**ACTIVITY**.
Take the data below and extract the lines from the one with "Key Features" to the one with "- Easy IP Address", inclusive, exactly as written.
**********
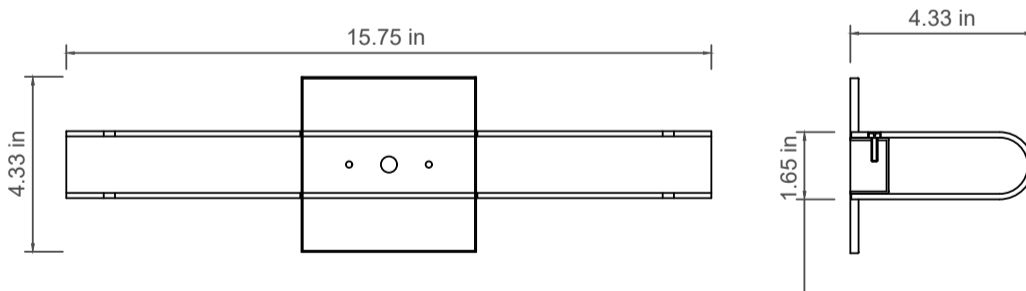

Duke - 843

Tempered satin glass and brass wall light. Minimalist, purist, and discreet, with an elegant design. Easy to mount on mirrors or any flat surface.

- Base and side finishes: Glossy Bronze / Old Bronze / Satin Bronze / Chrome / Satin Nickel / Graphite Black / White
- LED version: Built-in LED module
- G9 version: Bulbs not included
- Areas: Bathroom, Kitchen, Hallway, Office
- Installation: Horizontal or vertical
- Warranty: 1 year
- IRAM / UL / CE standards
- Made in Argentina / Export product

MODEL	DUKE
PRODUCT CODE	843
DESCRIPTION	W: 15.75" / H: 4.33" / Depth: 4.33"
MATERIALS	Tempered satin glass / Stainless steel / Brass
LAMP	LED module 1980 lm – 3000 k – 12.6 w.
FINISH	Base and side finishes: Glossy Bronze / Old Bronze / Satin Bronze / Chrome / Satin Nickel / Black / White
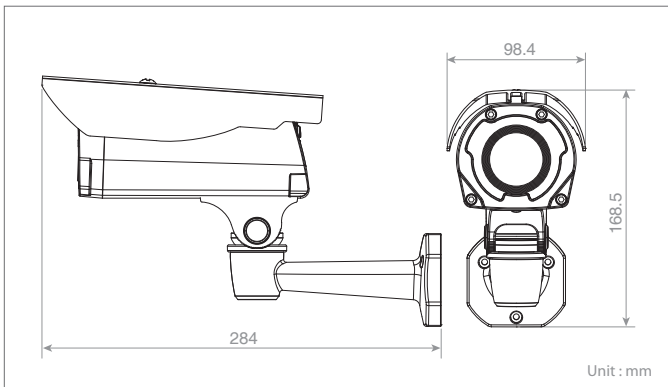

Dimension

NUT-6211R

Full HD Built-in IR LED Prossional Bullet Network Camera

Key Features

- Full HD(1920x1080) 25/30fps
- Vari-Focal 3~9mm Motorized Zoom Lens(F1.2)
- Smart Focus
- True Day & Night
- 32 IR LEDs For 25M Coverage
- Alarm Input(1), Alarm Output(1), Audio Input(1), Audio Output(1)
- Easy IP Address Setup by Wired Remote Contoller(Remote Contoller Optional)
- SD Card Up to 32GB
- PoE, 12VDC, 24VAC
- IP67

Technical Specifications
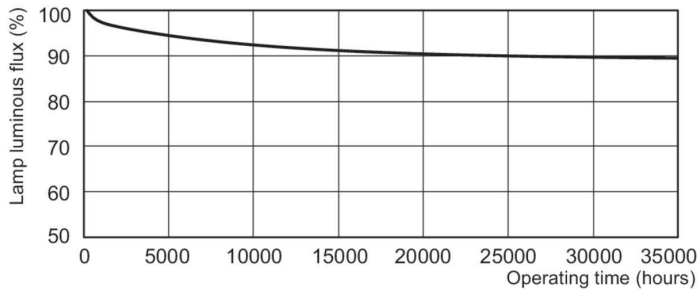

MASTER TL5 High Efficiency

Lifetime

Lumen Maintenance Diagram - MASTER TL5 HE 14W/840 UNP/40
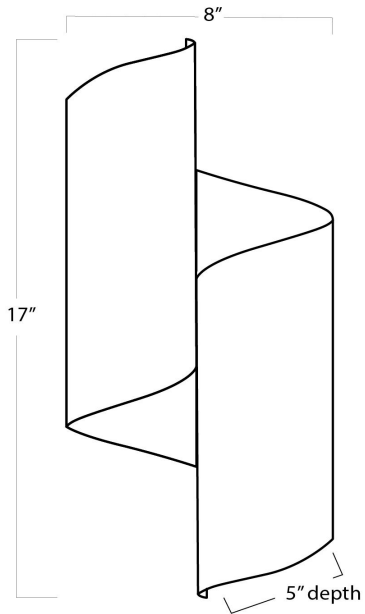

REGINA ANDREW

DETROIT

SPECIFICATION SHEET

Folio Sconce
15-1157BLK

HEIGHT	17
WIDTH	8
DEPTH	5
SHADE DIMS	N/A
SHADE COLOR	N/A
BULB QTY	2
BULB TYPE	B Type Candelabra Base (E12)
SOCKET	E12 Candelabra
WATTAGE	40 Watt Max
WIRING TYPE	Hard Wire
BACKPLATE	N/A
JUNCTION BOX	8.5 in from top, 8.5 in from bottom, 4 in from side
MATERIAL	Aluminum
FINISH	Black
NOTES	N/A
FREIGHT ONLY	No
**********
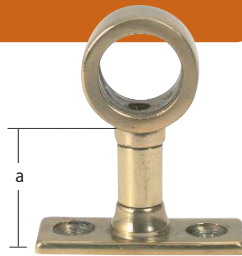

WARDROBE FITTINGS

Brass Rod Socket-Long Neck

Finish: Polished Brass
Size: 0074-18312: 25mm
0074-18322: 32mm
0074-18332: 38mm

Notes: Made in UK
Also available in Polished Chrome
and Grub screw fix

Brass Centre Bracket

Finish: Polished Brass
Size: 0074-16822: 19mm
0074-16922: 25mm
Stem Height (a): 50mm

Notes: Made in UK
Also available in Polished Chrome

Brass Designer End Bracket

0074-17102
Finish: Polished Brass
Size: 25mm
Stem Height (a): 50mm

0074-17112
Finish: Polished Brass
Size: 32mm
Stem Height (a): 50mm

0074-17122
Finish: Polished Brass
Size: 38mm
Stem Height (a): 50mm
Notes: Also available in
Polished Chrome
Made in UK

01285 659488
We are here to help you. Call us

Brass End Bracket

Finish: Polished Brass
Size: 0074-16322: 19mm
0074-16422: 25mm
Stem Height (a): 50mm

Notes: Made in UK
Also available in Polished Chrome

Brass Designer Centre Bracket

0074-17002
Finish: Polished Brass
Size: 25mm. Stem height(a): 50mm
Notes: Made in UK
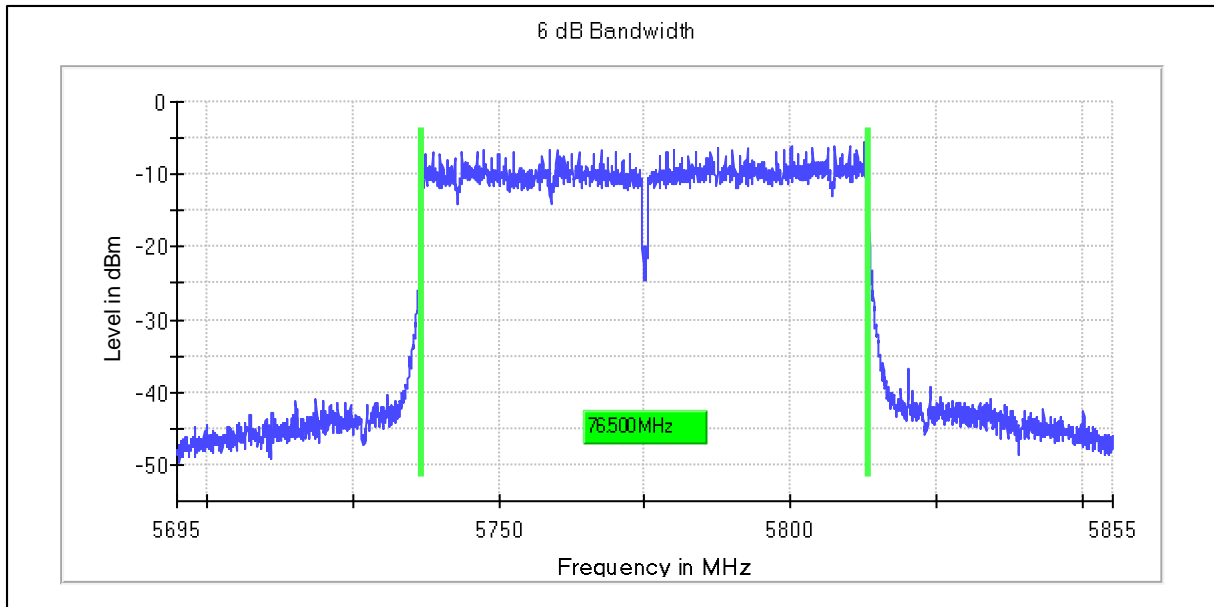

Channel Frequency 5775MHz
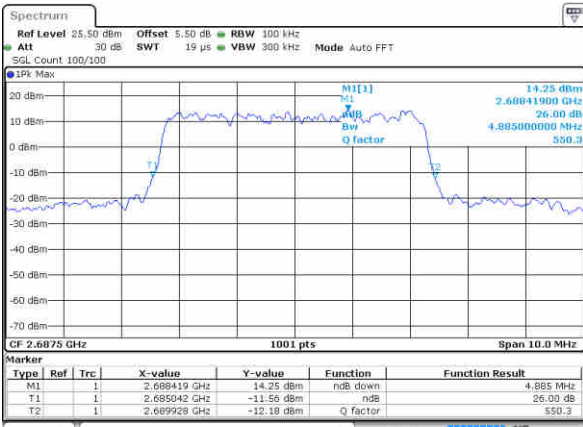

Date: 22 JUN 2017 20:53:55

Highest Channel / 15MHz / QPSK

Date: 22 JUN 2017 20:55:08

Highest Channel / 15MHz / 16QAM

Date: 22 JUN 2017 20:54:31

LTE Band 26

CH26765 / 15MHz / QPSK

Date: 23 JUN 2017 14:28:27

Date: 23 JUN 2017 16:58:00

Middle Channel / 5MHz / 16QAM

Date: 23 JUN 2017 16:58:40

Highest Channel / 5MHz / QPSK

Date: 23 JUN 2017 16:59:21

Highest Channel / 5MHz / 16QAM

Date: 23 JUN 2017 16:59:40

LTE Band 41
**********
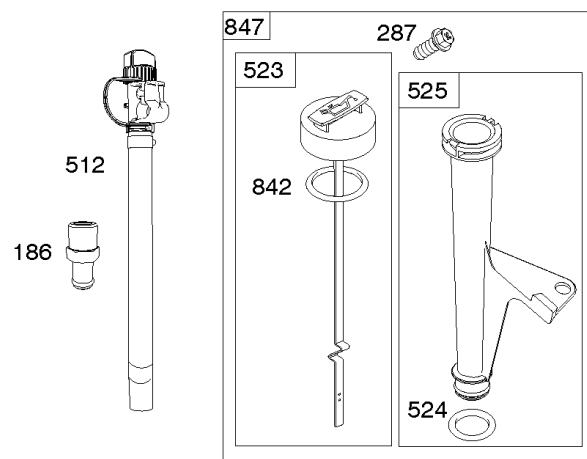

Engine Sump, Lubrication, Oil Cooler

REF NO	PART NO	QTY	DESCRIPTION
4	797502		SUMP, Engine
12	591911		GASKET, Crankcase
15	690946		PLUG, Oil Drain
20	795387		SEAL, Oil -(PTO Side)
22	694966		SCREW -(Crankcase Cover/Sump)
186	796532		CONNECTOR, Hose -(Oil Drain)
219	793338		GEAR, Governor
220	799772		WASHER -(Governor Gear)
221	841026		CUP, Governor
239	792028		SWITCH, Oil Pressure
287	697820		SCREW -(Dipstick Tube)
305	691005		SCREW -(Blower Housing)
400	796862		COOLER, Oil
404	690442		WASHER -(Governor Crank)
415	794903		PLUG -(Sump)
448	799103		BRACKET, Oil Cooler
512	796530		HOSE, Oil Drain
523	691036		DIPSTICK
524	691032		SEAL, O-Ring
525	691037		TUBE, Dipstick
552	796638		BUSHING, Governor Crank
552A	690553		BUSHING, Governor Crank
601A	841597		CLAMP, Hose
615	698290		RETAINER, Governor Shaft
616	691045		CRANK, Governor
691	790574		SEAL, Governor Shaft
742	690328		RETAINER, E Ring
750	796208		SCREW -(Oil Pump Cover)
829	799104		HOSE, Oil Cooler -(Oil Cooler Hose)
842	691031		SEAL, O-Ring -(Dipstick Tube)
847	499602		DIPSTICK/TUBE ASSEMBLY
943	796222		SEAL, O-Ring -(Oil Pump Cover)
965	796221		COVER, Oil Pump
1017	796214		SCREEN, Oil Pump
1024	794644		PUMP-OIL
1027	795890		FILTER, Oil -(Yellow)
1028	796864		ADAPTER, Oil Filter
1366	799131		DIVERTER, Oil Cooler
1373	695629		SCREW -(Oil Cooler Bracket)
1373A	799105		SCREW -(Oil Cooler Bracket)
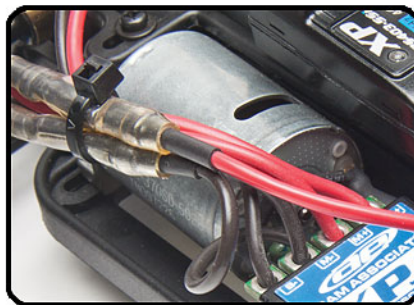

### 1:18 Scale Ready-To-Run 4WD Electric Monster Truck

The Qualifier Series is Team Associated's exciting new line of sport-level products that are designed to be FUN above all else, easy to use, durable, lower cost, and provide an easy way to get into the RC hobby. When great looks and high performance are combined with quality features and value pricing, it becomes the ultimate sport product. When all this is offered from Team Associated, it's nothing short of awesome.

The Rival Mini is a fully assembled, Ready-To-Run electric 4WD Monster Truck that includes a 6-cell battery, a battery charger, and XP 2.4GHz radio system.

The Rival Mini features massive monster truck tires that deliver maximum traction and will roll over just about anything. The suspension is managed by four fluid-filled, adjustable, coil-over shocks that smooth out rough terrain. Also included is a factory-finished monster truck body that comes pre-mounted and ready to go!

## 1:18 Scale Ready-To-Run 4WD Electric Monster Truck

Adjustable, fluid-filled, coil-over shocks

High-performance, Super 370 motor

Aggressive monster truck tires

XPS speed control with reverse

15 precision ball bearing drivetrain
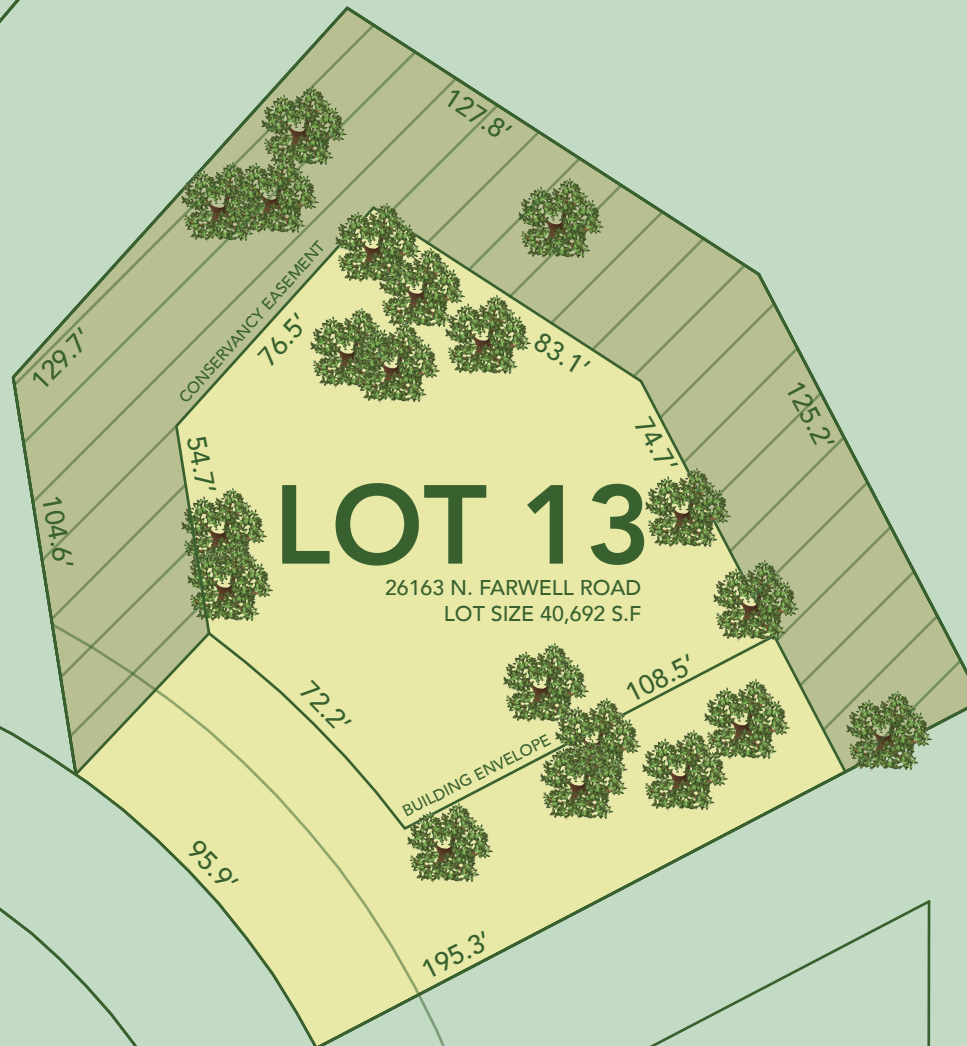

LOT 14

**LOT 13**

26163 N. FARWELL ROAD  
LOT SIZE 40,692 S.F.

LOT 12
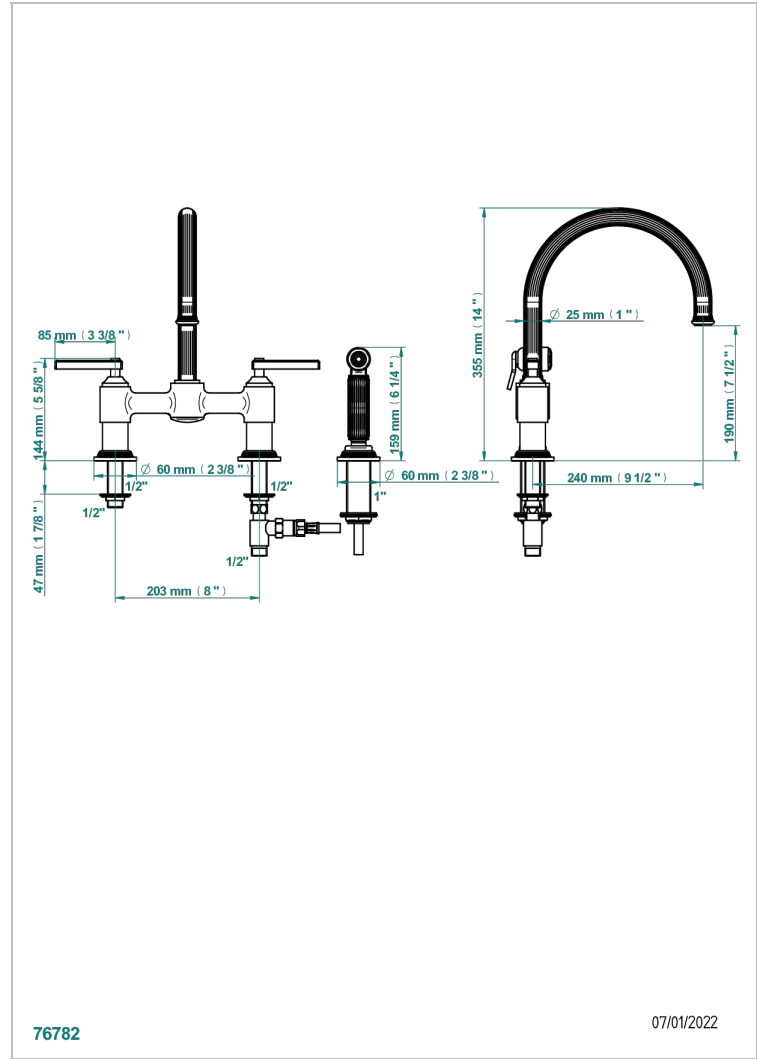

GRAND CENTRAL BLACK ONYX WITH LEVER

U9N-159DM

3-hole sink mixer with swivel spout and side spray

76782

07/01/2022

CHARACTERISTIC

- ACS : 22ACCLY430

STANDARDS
**********
**YOUR RESPONSE**.
Key Features

- Full HD(1920x1080) 25/30fps
- Vari-Focal 3~9mm Motorized Zoom Lens(F1.2)
- Smart Focus
- True Day & Night
- 32 IR LEDs For 25M Coverage
- Alarm Input(1), Alarm Output(1), Audio Input(1), Audio Output(1)
- Easy IP Address Setup by Wired Remote Contoller(Remote Contoller Optional)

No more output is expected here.